Some of Italy’s lockdown rules will be partially eased on May 4, but many restrictions on retail shops, museums and other businesses will last two or more weeks beyond that date.

Scientists advising the government are concerned the contagion rate will start soaring again when Italians start moving around more with newly regained freedoms. Premier Giuseppe Conte has decided that re-opening society will come gradually, since there is no vaccine against COVID-19.


ANKARA, Turkey — Turkish President Recep Tayyip Erdogan says his government is working on a detailed plan to normalize life by easing restrictions, adding that “there is light at the end of the tunnel for Turkey.”

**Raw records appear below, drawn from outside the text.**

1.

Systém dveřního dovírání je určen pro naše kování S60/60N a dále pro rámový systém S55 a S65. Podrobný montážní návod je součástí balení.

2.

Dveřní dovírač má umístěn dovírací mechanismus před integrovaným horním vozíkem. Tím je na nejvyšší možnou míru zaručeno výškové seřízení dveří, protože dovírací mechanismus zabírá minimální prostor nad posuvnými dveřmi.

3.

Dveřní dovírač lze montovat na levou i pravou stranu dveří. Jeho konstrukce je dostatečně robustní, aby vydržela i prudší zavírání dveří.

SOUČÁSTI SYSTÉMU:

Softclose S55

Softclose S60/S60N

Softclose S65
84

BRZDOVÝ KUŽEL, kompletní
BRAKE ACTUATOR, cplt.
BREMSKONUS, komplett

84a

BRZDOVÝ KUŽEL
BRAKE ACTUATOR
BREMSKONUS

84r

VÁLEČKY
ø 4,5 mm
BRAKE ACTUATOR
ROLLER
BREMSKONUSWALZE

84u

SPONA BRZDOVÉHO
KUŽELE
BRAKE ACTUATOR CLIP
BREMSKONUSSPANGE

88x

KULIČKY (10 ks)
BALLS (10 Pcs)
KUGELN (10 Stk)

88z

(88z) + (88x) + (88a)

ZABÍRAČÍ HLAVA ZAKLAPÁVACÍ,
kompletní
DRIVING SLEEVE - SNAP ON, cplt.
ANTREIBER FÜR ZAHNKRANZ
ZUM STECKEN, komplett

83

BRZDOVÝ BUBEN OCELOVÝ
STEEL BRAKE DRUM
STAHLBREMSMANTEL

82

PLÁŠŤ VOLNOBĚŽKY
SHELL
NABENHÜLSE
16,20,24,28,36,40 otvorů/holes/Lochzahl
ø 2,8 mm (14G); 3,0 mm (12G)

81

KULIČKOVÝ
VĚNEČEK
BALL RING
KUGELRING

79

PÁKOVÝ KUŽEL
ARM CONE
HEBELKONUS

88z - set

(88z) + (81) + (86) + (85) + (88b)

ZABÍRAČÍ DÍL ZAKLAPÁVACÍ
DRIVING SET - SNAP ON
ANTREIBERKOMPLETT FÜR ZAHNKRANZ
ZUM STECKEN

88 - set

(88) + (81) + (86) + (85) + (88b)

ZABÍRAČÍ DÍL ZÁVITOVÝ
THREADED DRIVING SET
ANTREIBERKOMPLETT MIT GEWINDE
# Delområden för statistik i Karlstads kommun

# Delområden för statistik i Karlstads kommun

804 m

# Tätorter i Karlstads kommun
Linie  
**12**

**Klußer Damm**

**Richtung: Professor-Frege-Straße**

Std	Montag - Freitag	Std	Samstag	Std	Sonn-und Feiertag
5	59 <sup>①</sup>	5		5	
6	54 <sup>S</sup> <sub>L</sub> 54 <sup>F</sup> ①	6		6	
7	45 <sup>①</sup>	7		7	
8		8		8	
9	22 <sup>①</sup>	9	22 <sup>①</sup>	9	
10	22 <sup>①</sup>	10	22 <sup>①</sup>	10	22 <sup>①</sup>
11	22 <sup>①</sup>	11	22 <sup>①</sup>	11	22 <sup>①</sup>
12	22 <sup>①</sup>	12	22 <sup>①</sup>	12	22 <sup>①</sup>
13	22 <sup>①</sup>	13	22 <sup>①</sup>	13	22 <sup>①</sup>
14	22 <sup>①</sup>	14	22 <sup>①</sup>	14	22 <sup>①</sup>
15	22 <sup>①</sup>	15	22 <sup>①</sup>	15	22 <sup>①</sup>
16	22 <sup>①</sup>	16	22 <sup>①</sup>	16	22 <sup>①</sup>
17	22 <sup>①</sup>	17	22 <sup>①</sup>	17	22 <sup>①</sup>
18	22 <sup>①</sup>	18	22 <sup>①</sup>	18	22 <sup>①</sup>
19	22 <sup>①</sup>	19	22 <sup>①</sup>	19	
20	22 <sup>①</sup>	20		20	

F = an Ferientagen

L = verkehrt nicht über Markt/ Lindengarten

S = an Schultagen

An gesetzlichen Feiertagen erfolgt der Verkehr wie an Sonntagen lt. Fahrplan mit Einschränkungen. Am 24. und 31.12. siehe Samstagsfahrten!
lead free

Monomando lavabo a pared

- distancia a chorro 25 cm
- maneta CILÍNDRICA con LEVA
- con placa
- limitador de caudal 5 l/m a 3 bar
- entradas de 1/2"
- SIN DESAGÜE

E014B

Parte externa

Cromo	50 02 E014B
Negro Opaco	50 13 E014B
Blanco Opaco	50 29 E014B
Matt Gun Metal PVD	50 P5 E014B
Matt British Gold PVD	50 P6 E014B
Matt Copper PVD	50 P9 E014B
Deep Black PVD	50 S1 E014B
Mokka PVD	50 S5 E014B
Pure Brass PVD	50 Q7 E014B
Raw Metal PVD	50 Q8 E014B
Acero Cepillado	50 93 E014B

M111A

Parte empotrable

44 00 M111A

Erdogan said however, that weekend lockdowns would most likely continue until after next month’s Eid holiday which marks the end of the holy Muslim month of Ramadan. In a televised address following a weekly Cabinet meeting, Erdogan said this week’s curfew would start on Friday — May 1 Labor Day — which is a public holiday in Turkey.

The vice president will evaluate recommendations from the country’s COVID-19 advisory council to decide “which steps will be taken in which fields and on which date,” Erdogan said.

His announcement on the gradual easing of restrictions comes amid a decline in the number of daily deaths and infections.

On Monday, Health Minister Fahrettin Koca announced 95 deaths in the past 24 hours, the lowest since April 11. The total death toll now stands at 2,900, with 112,261 confirmed infections.

The government has refrained from imposing a total lockdown, fearing its negative impact on the already fragile economy. It has opted for piecemeal measures instead, including weekend curfews and banning people above the age of 65 and below the age of 20 from leaving their homes.


BRUSSELS — The European Union’s top economy official says new figures show that growth in the 19 nations using the euro single currency will shrink markedly this year and more than during the previous financial crisis.

Economy Commissioner Paolo Gentiloni told EU lawmakers Monday that “that a deep recession is unavoidable in Europe this year” due to the impact of the coronavirus.

Gentiloni says the “very sharp contraction” will be “worse than the one during the global financial crisis.” with the euro area shrinking by numbers similar to those predicted by the IMF of about 7.5%.

The European Commission is due to publish its spring economic forecast on May 7. Gentiloni did not provide exact figures.

He says that “everywhere the crisis will increase unemployment and social and economic divides between those who have secure jobs and good housing conditions and those who are less protected.”

EU institutions and member countries have already freed up around 3.4 trillion euros ($3.7 trillion) to help resuscitate virus-hit economies, but Gentiloni says “an unprecedented set of actions” is still necessary.